21. It is disturbing that people who are suspects of the ICTY
continue to play important political roles in political life. The
authorities, governments and politicians in both Kosovo and Belgrade
should commit themselves to full co-operation with the ICTY. Those
who are convicted or sought for war crimes, witness intimidation
or obstruction of justice should be asked by their respective parties
not to play any political role.
22. The importance of domestic efforts to prosecute war crimes
should be emphasised.
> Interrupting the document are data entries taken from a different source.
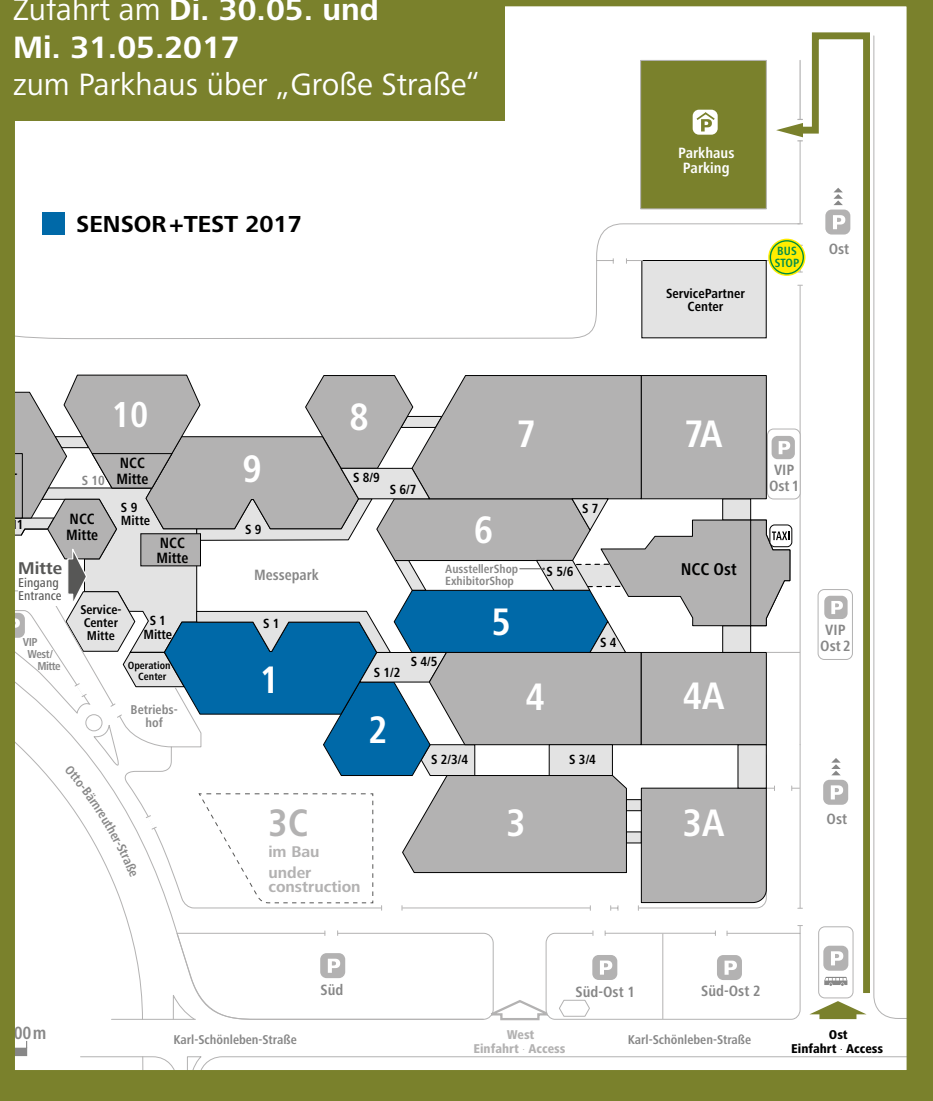

Anreise zur SENSOR+TEST 2017 mit dem Auto

Von den Autobahnen A3, A6, A9 und A73 gelangen Sie über ein modernes Verkehrs- und Parkleitsystem direkt zum Messezentrum.

Ausreichend Besucherparkplätze stehen Ihnen im **Parkhaus** zur Verfügung.

Wegen der Großmusikveranstaltung Rock im Park ändert sich die Zufahrt zum Parkhaus am **Donnerstag, 01. Juni 2017**.

Bitte folgen Sie an allen Laufzeitagen dem **Verkehrsleitsystem**. Dann kommen Sie ohne Probleme zum Parkhaus der NürnbergMesse.

Zufahrt am **Di. 30.05. und Mi. 31.05.2017**
zum Parkhaus über „Große Straße“

Zufahrt am **Do. 01.06.2017**
zum Parkhaus über Einfahrt West „Zentraleinfahrt“

Fair and effective trials of the remaining
suspects at the domestic level are essential to further combat impunity
and build respect for the rule of law.
23. Implementation of the legislation on witness protection as
well as concrete measures to ensure adequate witness protection
and relocation are necessary.
2.2.2 Ethnically motivated abuses
24. In 2006, the Council of Europe Committee of Ministers
noted that “the perceived impunity of actors of violent crimes against
Serbs, as well as against Roma and others, is a particularly serious
problem that needs to be addressed as a high priority”.
NoteI
reiterated during my visit that all minority communities in Kosovo
should have access to effective remedies against discrimination,
that ethnically motivated crimes should be properly investigated
and their alleged perpetrators prosecuted and, if found guilty,
effectively punished.
25. Finally, during my visit I had the impression that much remains
to be done to pave the way for reconciliation.
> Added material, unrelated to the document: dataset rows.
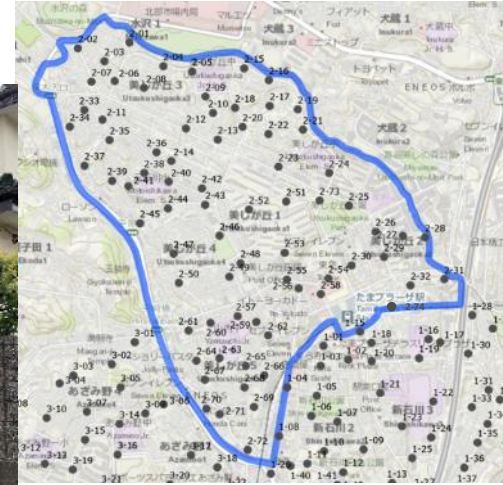

たまプラーザ団地2街区前(美しが丘1丁目13)

2-53

→ 写真の向き

東急百貨店北(美しが丘1丁目7)

2-54

まちなかbizあおば前(美しが丘4丁目38)

2-55

→ 写真の向き

イトーヨーカドーたまプラーザ店高架下(美しが丘1丁目6)

2-56

山内中学校菜園前(美しが丘5丁目7)

2-57

→ 写真の向き

東急百貨店西(美しが丘1丁目7)

2-58

美しが丘5丁目1

2-59

→ 写真の向き

山内中学校北(美しが丘5丁目7)

2-60

横浜市営山内住宅前(美しが丘5丁目27)

2-61

→ 写真の向き

松久マンション前(美しが丘5丁目1)

3 Overview of the main human rights issues in Kosovo
3.1 Minority communities in Kosovo: general concerns
26. According to most sources, within the general population
in Kosovo, ethnic Albanians represent around 90% of the whole population
and the remaining 10% are made up of Serbs, Roma, Turks, Bosniaks,
Gorani, Ashkali, Egyptians and Croats. While these make up the minority
of the overall population in Kosovo, there are some areas in Kosovo
where ethnic Albanians are in the minority. Serbs and Roma tend
to live in mixed or singleethnic villages and enclaves scattered
all over Kosovo.
27. According to the Ombudsperson Institution in Kosovo, general
problems faced by all minority communities throughout Kosovo are
education, unemployment and the inability to use their respective languages,
should they not be Albanian or Serbian, in an official context.
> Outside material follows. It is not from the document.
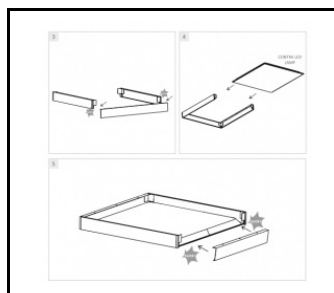

CONTRA LED rám pro povrchovou montáž CLICK 1200x300x65mm (374708)

Rám ocelové konstrukce bílé barvy RAL9016 600x600 SM "well effect" (998966)

CONTRA LED rám pro povrchovou montáž CLICK 600x600x65mm (374715)

In addition, malicious damage to the property of members of minority
communities is still reported and freedom of movement of members
of minority communities is still limited in a number of areas.
28. The prospect of a new political status has highlighted the
uncertainty over the future protection of minority communities.
Greater efforts are needed to improve the security situation in
Kosovo, which is increasingly reported to be volatile. Systematic
monitoring of the human rights situation of returnees and populations
in a minority situation who are at risk of displacement is also
essential.
3.1.1 Kosovo Serbs
29. Most, if not all, issues concerning the life of Kosovo
Serbs remain highly politicised. Most of them live in enclaves in
various parts of Kosovo. Despite improvements in the general security
situation in Kosovo, freedom of movement remains problematic in
a number of places. In addition, Kosovo Serbs continue to rely for
the most part on parallel structures supported by the authorities
in Belgrade for the provision of basic services (in this respect,
see Part II above). Various representatives of the PISG criticise
the inhabitants of the enclaves for this, while the latter complain
that the PISG does not support them.
Note
30. During my visit to the region, a number of Serbian interlocutors
raised the issue of the Serbian cultural heritage. Although this
issue belongs to the highly politicised ones, one has to recognise
that the protection of the rich cultural heritage of Kosovo is crucial
for the achievement of inter-communal reconciliation and that both sides
should learn to respect each other’s heritage. Regardless of the
future status of Kosovo, protection of Serbian Orthodox churches
is of the utmost importance. Without it, intercultural dialogue
would not be possible.
31. The sensitivity of the cultural sector was demonstrated by
the events in March 2004 which led to attacks on cultural property
belonging to the two ethnic communities (Orthodox churches in Kosovo
and Islamic mosques in Belgrade and Niš).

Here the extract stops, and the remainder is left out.